В штабе по ликвидации фонтана находились Довлетов, Малышев, управляющий строительным трестом Проскурин, Юсуп Бердыев и несколько незнакомых нам лиц.
— Во-первых, просьба к строителям, — сказал Довлетов, — по возможности не отвлекаться на борьбу с фонтаном и заниматься своей основной работой, потому что никакая авария не дает нам права опаздывать со сдачей объекта. Понятно?
— Да, — отозвался Юсуп Бердыев.
Довлетов встал и подошел к доске, какие используют для уроков в школе, взял в руку мел, набросал схему скважины.

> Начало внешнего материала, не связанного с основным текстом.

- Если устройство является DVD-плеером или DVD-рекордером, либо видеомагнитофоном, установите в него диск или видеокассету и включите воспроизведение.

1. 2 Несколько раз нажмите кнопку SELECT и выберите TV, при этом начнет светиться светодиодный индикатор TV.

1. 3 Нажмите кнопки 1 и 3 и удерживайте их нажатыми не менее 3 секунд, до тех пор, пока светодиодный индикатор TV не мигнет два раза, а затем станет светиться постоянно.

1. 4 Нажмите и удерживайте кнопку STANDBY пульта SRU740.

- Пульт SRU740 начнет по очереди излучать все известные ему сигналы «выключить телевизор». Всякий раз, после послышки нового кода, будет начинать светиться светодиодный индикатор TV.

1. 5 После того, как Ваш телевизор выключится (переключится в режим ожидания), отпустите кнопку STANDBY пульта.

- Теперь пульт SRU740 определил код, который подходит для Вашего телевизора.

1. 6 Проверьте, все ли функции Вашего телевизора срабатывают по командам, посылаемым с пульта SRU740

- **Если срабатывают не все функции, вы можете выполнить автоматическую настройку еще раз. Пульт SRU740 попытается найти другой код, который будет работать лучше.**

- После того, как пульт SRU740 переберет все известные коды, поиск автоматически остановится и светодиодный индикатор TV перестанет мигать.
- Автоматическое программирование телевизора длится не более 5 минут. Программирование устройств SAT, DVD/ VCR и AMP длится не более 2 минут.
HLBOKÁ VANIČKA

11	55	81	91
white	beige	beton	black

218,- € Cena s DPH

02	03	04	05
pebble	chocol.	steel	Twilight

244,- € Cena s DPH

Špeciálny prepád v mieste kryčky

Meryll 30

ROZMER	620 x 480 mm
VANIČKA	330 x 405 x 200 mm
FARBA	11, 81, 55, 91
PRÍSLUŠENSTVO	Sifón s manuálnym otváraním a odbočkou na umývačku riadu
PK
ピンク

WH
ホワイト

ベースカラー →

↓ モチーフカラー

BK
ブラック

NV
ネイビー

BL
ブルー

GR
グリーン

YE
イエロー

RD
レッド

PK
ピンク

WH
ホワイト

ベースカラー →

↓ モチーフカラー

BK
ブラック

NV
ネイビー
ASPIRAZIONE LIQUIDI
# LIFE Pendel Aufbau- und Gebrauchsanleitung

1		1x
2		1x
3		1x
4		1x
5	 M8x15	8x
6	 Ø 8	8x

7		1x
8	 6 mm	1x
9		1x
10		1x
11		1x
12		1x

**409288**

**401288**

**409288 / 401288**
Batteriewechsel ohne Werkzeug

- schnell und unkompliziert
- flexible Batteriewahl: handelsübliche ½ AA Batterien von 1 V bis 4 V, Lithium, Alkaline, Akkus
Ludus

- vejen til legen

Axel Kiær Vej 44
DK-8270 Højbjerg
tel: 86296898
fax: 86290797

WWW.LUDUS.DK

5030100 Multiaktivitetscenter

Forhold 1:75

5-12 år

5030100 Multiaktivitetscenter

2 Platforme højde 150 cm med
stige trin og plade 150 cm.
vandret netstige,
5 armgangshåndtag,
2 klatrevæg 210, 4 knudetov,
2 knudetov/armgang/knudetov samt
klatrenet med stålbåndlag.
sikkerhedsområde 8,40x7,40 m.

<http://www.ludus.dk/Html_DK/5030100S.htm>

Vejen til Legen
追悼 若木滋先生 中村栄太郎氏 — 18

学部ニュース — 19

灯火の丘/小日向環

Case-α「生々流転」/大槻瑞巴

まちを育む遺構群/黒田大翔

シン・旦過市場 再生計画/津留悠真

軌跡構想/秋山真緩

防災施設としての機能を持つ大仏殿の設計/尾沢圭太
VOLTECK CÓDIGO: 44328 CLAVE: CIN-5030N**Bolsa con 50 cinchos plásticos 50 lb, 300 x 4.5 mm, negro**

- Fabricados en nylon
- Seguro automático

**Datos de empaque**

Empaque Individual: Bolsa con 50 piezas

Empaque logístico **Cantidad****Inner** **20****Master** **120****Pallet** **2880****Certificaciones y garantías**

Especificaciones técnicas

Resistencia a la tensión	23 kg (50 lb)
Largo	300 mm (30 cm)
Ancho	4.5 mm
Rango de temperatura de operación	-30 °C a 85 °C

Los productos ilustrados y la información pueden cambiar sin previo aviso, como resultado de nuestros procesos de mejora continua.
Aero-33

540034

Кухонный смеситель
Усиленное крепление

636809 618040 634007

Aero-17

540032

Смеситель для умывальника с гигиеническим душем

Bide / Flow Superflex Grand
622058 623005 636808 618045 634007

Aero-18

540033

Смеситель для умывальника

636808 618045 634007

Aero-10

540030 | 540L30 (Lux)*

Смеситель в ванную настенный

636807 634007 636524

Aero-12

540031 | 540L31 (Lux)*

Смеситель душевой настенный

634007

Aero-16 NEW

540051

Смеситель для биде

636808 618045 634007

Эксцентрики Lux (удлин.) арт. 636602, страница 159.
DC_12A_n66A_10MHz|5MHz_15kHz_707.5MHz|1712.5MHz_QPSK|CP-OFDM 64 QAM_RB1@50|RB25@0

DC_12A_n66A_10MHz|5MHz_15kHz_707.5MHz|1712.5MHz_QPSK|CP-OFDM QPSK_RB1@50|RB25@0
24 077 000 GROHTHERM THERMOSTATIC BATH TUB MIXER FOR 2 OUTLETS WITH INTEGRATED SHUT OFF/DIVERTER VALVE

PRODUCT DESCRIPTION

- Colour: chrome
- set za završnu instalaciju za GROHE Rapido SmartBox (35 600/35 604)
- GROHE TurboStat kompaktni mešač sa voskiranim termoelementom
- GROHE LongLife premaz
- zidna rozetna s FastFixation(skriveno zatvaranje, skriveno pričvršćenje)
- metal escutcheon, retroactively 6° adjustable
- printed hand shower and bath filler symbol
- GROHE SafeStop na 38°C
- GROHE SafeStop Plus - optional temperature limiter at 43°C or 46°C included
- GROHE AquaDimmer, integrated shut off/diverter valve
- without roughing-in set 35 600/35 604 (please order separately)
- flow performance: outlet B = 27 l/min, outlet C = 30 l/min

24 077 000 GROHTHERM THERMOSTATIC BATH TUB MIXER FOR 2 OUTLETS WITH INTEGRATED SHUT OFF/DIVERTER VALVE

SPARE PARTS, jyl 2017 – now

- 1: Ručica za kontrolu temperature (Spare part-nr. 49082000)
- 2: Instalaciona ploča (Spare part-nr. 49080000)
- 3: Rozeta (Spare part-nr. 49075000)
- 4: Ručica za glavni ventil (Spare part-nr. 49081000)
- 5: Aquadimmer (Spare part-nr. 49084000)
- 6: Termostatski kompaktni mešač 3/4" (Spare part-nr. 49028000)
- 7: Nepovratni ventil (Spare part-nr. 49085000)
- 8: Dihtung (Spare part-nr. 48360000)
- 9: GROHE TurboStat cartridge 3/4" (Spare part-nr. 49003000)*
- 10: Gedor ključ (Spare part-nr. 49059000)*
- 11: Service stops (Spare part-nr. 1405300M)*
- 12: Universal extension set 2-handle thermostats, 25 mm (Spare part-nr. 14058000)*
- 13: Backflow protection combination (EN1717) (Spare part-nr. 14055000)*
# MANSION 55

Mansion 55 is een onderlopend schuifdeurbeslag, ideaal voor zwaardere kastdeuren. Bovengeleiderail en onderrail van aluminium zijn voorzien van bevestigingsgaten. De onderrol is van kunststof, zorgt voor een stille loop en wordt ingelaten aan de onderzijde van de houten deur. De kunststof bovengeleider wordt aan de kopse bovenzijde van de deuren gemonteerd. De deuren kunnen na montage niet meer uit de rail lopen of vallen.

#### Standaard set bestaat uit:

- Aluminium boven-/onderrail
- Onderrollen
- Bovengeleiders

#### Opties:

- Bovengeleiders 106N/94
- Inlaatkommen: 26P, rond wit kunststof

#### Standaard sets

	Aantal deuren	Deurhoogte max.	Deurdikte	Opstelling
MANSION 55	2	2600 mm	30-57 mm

— Как вы понимаете, газу в скважине стало тесно, он ищет выхода. В ближайшее время следует ожидать образования грифонов. Естественно, где-нибудь в районе скважины. Здесь вот, здесь… — Он нарисовал мелком на доске фонтанчики. — Газ становится совершенно неуправляемым, и задавить его сверху нет никакой возможности.
— Придется бурить, — сказал Малышев.
— Вот именно, — подхватил Довлетов. — Надо бурить четыре наклонные скважины одновременно.
— А не дорого? — усомнился Малышев. — Четыре сразу…
— Смешно экономить на спичках, когда теряются миллионы. Двенадцать миллионов кубометров газа в сутки! Столько же за это время потребляет, например, Ленинград! Какой глубины аварийная скважина? Две пятьсот?
— Две тысячи четыреста девяносто пять метров, — подсказал Малышев.
«2495» — обозначил на доске Довлетов.
— Значит, наклонные скважины должны быть пробурены так, чтобы мы могли попасть наклонной скважиной в аварийную, отвести газ в сторону, задавить аварийную и потом закупорить наклонную.
— Хорошо бы, — сказал Бердыев. — Но попробуете попасть в аварийную.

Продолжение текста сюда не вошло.